Spór wokół zakazu poszukiwań i ekshumacji szczątków polskich ofiar wojen i konfliktów na Ukrainie trwa między Polską a Ukrainą od wiosny 2017 r. Zakaz ten został wprowadzony przez ukraiński IPN po zdemontowaniu pomnika UPA w Hruszowicach, do którego doszło w kwietniu 2017 r.
Ukraińskie warunki
Polskę i Ukrainę od wielu lat dzielą zaszłości historyczne. Dotyczą głównie różnej pamięci o roli Organizacji Ukraińskich Nacjonalistów i Ukraińskiej Powstańczej Armii, która w latach 1943-1947 na Wołyniu dopuściła się ludobójczej czystki etnicznej na ok. 100 tysiącach polskich mężczyzn, kobiet i dzieci. O ile w Polsce ta czystka traktowana jest jako godna potępienia zbrodnia ludobójstwa (masowa i zorganizowana), o tyle dla Ukraińców był to efekt symetrycznego konfliktu zbrojnego, za który w równym stopniu odpowiedzialne były obie strony.

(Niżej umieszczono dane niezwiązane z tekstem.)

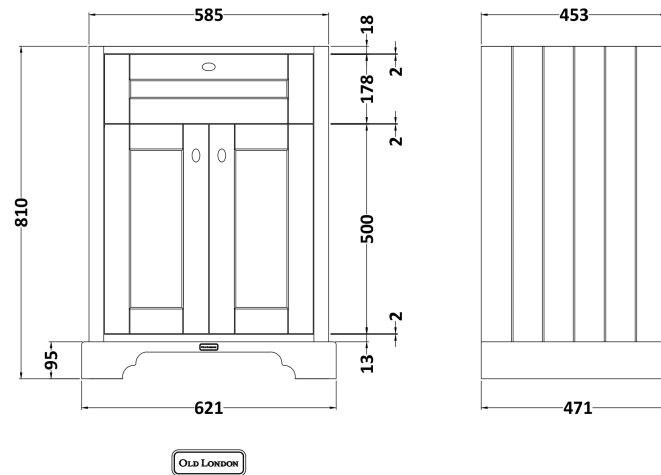

Sales Code: LOF326

Description: 600 2-Door Unit & Marble Top 3Th

Packaging Details

Barcode: 5056211819622

Sales Code: LON303

Description: 600 2-Door Basin Unit

Product Dimensions

Height (mm):	810
Width (mm):	621
Depth (mm):	471
Nett Weight (kg):	29.5

Packaging Dimensions

Height (mm):	840
Width (mm):	651
Depth (mm):	511
Gross Weight (kg):	30

Packaging Data

Box Colour:	Brown Cardboard Box
Box Qty:	1
Label Size:	150 x 100
Label Colour:	White Label
Label Qty:	2

Outer Box Dimensions (If Applicable)

Height (mm):	
Width (mm):	
Depth (mm):	
Gross Weight (kg):	
Barcode:	5056211818007

Product Details

Country of Origin:	Ireland
Fitting Instruction:	No
CE & UKCA:	
FSC Certified Materials:	Yes
Colour:	Twilight Blue
Construction Method:	Cam & Wood Dowel
Construction Type:	Rigid
Cabinet Finish:	Mdf Vinyl Textured Woodgrain
Fascia Finish:	Mdf Vinyl Textured Woodgrain
Cabinet Thickness (mm):	18
Fascia Thickness (mm):	18
Drawer Included:	No
Drawer Type:	Not Applicable
No of Shelves:	1
Hinge Type:	95 Degree Inset Clip-On S/C
Hinge Included:	Yes
Adjustable Legs:	Not Applicable
Fixings Included:	Not Required
Handle Style:	Traditional
Waste Shroud:	No
Handle Included:	Yes
Handle Type:	Knob

Sales Code: LOM226

Description: 600 Single Bowl Marble Top 3Th

Product Dimensions

Height (mm):	268
Width (mm):	620
Depth (mm):	463
Nett Weight (kg):	13.5

Packaging Dimensions

Height (mm):	310
Width (mm):	700
Depth (mm):	550
Gross Weight (kg):	14

Dodatkowo Ukraińcy chcą postrzegać OUN i UPA wyłącznie jako organizacje antysowieckie (ze względu na ich powojenny ruch oporu wobec ZSRS), a nie antypolskie.
Polska strona chciałaby godnie upamiętnić ofiary OUN-UPA w miejscach ich pogrzebania; w tym celu IPN część ofiar, również tych, które nie zginęły podczas zbrodni wołyńsko-galicyjskiej, ale np. w walkach z Sowietami po 17 września 1939 r., chciałaby ekshumować.
Ukraińska strona jest temu przeciwna, a swoją zgodę w przeszłości uzależniała od odbudowania przez Polaków pomnika UPA w Hruszowicach na Podkarpaciu, co dla polskiej strony jest warunkiem nie do przyjęcia.